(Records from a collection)
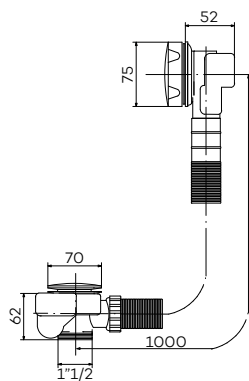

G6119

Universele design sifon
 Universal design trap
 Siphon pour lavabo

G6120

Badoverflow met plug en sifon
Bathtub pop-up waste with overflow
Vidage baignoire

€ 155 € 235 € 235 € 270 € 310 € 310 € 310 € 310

---

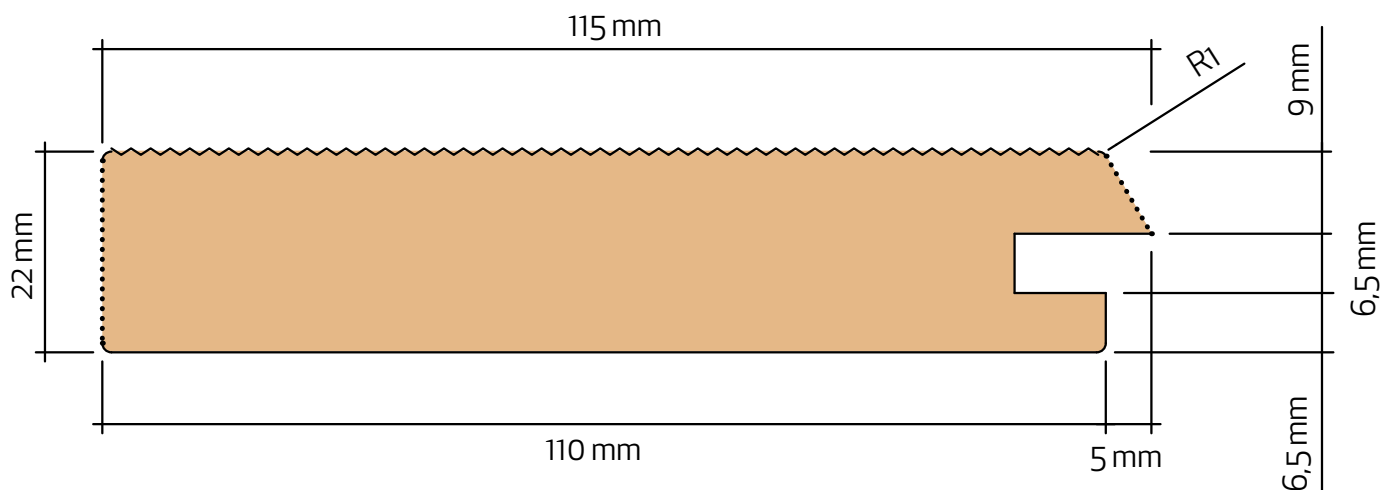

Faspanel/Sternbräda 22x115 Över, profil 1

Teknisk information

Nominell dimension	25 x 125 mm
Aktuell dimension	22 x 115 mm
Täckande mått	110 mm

▶ _Try it_
Return all lines in the entries above that carry the word "dimension".

▶ _Reply to the exercise_
Nominell dimension	25 x 125 mm
Aktuell dimension	22 x 115 mm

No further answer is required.